Кроме того, Филиппу в наследство досталась страна в состоянии войны с Францией, оказавшаяся ему не по карману, и в 1557 году Испания объявила о своем банкротстве. Это подкосило таких ведущих европейских финансистов, как банкирский дом Фуггеров. Для Филиппа, которому предстояло воевать с могущественной Турцией, слабым утешением могло служить вынужденное банкротство самой Франции в том же году. Главным образом именно это подвигло обе стороны согласиться на проведение мирных переговоров в Ле-Като-Камбрези в 1559 году. Двадцатилетняя война в Средиземноморье, кампания против морисков в Гранаде, а затем одновременные военные действия в Нидерландах, на севере Франции и в проливе Ла-Манш заставили Испанскую корону искать все новые и новые источники получения прибыли. За время своего правления Карл V утроил доходы своего королевства, а Филипп II «только в течение 1556–1573 годов сумел удвоить объемы средств, поступавших в казну, а в течение последующих лет увеличить их еще более чем в два раза»{56}.

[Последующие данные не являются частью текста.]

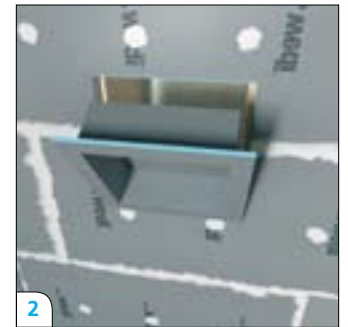

# Prefabricated Niches

Niches for shampoo bottles and other bath items are convenient and decorative in any shower. In the past, the methods for installing these tileable features have been difficult, as the use of conventional backerboard with supplemental waterproofing often proved less than effective. However, prefabricated wedi® Niches, innately waterproof in construction, can be installed in a clean fashion within minutes. Niches are available in two standard shapes, square and rectangle. It's also possible to cut to size and install custom niches using wedi® 1/2" Building Panels because they cut cleanly and are easily sealable over the edges.

16" x 16" Square Niche

16" x 22" Rectangular Niche

1

wedi® Niches are installed in a cut out in the wedi® wall and attach with it's flange right into the center of 16 o.c. studs. wedi® Joint Sealant is set along the connection of wall to niche.

2

Two fasteners each side of the niche are set to create a flush transition to the wall panels. Another 1/2" bead of wedi® sealant is spread over fasteners and seams.

Prefabricated wedi® Niches, made of 1/2" Building Panels, install safely and quickly while also integrating into the wall panel assembly with wedi® fasteners for completely flush transitions. This is in contrast to so many plastic or metal niches that install with flanges against or over wall panels, making it necessary to skim coat and even this area before tiling.

## Curved Prefabricated Niche, Seat, Wall Combinations

wedi® offers a modular corner niche system that provides you with a curved tileable corner and a niche built in. Especially in remodel jobs—a perfect upgrade to any shower. Just glue against the existing tiled wall and tile over right away.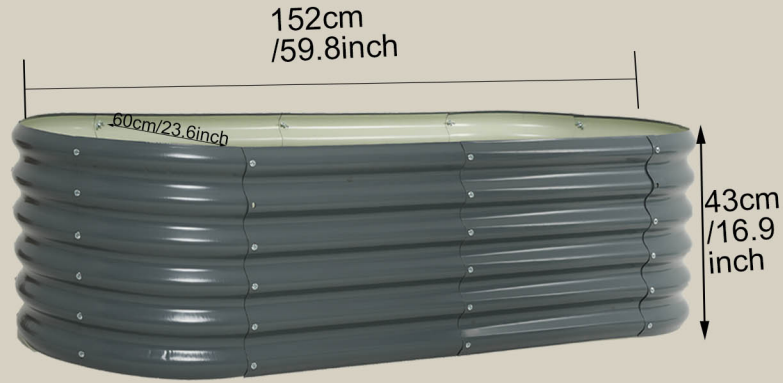

HOW TO ASSEMBLE THE RAISED GARDEN BED WITH A NET/PVC COVER

SIZE INFORMATION

PARTS AND ACCESSORIES

ASSEMBLY PROCESS

LIST OF PIPES AND CONNECTORS

STEP 1

C + D

STEP 2

STEP 3

RAISED GARDEN BED WITH A NET/PVC COVER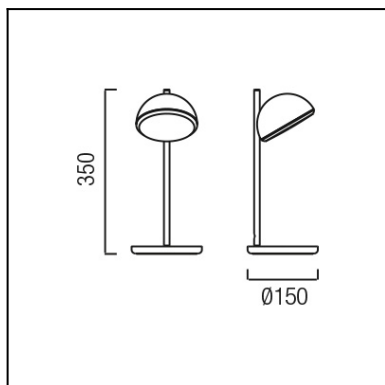

Design by Nathrang Disseny

Отделка на фотографии может не совпадать с отделкой, соответствующей артикулу товара. Для получения реальной информации смотрите описание отделки.

Скачать файлы в формате .ldt /.ies

Luminaire
Code 10-5458-BW-F9
Name Portatil TALK 1 led 4.5W
Measur.
Code 10-5458-BW-F9
Name Portatil TALK 1 led 4.5W

Luminaire Flux	174.56 lm	Luminaire Power	6.00 W	Efficacy	29.09 lm/W	Efficiency	100.00%
Lamps Flux	174.56 lm	Maximum value	52.90 cd	Position	C=270.00 G=30.00	CG Sym. on planes 270-90	
Round Luminaire Round Luminous Area		Diam.	130 mm	Height	70 mm		
		Diam.	130 mm	Height	16 mm		
Horizontal Luminous Area Emitting area on Plane 0° Emitting area on Plane 90°		0.013273 m2 0.002080 m2 0.002080 m2		Emitting area on Plane 180° Emitting area on Plane 270° Glare area at 76°		0.002080 m2 0.002080 m2 0.005229 m2	
Coordinate system Date Measurement Distance		CG 11-10-2016 6.44		Symmetry Type Maximum Gamma Angle Measurement Flux		Sym. on planes 270-90 180 174.56 lm	
Operator Temperature Humidity Notes		Asselum T2 25.00 °C 52.00 % CG		Source voltage Source current Photocell		230.00 V Prc	

Luminaire Flux	174.56 lm	Luminaire Power	6.00 W	Efficacy	29.09 lm/W	Efficiency	100.00%
Lamps Flux	174.56 lm	Maximum value	303.04 cd/klm	Position	C=270.00 G=30.00	CG Sym. on planes	270-90
Round Luminaire Round Luminous Area		Diam.	130 mm	Height	70 mm		
		Diam.	130 mm	Height	16 mm		
Horizontal Luminous Area	0.013273 m2			Emitting area on Plane 180°	0.002080 m2		
Emitting area on Plane 0°	0.002080 m2			Emitting area on Plane 270°	0.002080 m2		
Emitting area on Plane 90°	0.002080 m2			Glare area at 76°	0.005229 m2		
Coordinate system	CG Roads			Symmetry Type	Sym. on planes 270-90		
Date	11-10-2016			Maximum Gamma Angle	180		
Measurement Distance	0.00			Measurement Flux	174.56 lm		
Operator	Asselum T2			Source Voltage [V]			
Temperature	25.00 °C			Source current [A]			
Humidity	60.00 %			Photocell			
Notes							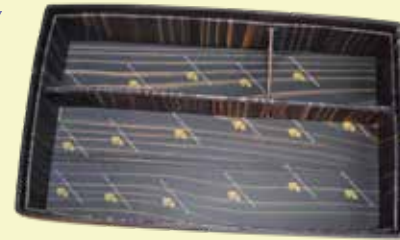

Kosher Bottom Utility Tray

Kosher
Very nice, Very soft

Partitioned spaces

Kosher f r e s h w i p e s Bottom Tray is created with partitioned spaces to keep things that are frequently needed in the respective places wherever Kosher f r e s h w i p e s are used in pull-a-pieces boxes.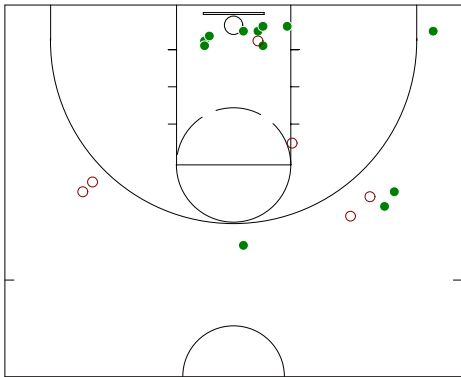

# 2006/07 Multi Game Shooting Charts for Don Trifari , Montville High School

#5 Game 7: Depaul Pts: 21

2P: (5-7) 71.4% 3P: (3-7) 42.9% FG: (8-14) 57.1%

REB o-d-t (1-4-5) Ast:1 Steal:5 FT:(2-3) 66.7%

#5 Game 8: Delbarton Pts: 17

2P: (5-11) 45.5% 3P: (1-3) 33.3% FG: (6-14) 42.9%

REB o-d-t (1-6-7) Ast:3 Steal:6 FT:(4-5) 80.0%

#5 Game 9: Butler Pts: 30

2P: (8-9) 88.9% 3P: (4-8) 50.0% FG: (12-17) 70.6%

REB o-d-t (6-5-11) Ast:6 Steal:7 FT:(2-3) 66.7%

#5 Game 10: West Orange Pts: 24

2P: (3-8) 37.5% 3P: (5-9) 55.6% FG: (8-17) 47.1%

REB o-d-t (0-4-4) Ast:0 Steal:3 FT:(3-4) 75.0%

#5 Game 11: Lakeland Pts: 29

2P: (4-7) 57.1% 3P: (7-11) 63.6% FG: (11-18) 61.1%

REB o-d-t (1-3-4) Ast:2 Steal:5 FT:(0-0)

#5 Game 12: Manchester Pts: 37

2P: (8-13) 61.5% 3P: (7-14) 50.0% FG: (15-27) 55.6%

REB o-d-t (4-7-11) Ast:3 Steal:5 FT:(0-0)

Однако расходы были намного больше. Во время кампании под Лепанто (1571) выяснилось, что содержание там флота и воинских частей на суше будет обходиться в четыре с лишним миллиона дукатов в год, хотя значительную часть этого бремени взяли на себя Венеция и Святой престол{57}. К 1570-м годам суммы, необходимые для выплаты жалованья солдатам и офицерам Фландрской армии, выросли до гигантских размеров. При этом постоянные задержки время от времени приводили к бунтам внутри войск. Особенно часто они стали происходить после того, как Филипп II приостановил в 1575 году выплату процентов своим генуэзским банкирам{58}. Значительно увеличившийся приток средств с американских шахт (к 1580-м годам примерно до 2 млн. дукатов в год, что было раз в десять больше, чем четыре десятилетия назад) на время спас казну и кредитоспособность Испанской короны. Но гибель в 1588 году Армады стоимостью в 10 млн. дукатов стала ударом не только по могуществу Испании как морской державы, но и по ее финансовому состоянию. К 1596 году задолженность по кредитам выросла колоссально, и Филипп вновь объявил дефолт. На момент своей смерти два года спустя он был должен кредиторам 100 млн. дукатов, на уплату же процентов по ним требовалась сумма, равная примерно двум третям всех доходов Испании{59}. Хотя с Францией и Англией вскоре был заключен мир, но война с голландцами продолжалась вплоть до 1609 года, когда стороны подписали соглашение о перемирии, чему способствовали начавшиеся мятежи в испанской армии и очередное банкротство королевства в 1607 году.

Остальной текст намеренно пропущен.